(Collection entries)
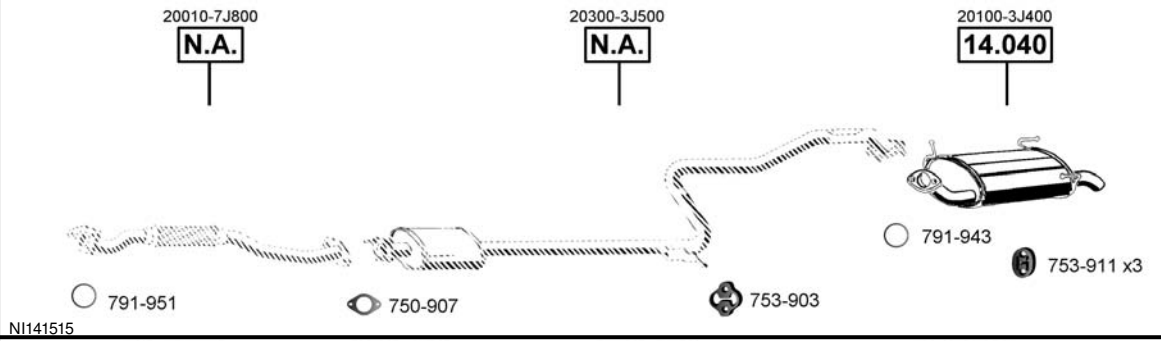

Primera
Hatchback, Sedan
2.0 Td Turbo Diesel
09/00 - 01/02
(1974 cc), 66 KW

§ TASK GOAL
Every record must be copied exactly, with the pictures left out.

§ RESPONSE TO THIS TASK
Primera
Hatchback, Sedan
2.0 Td Turbo Diesel
09/00 - 01/02
(1974 cc), 66 KW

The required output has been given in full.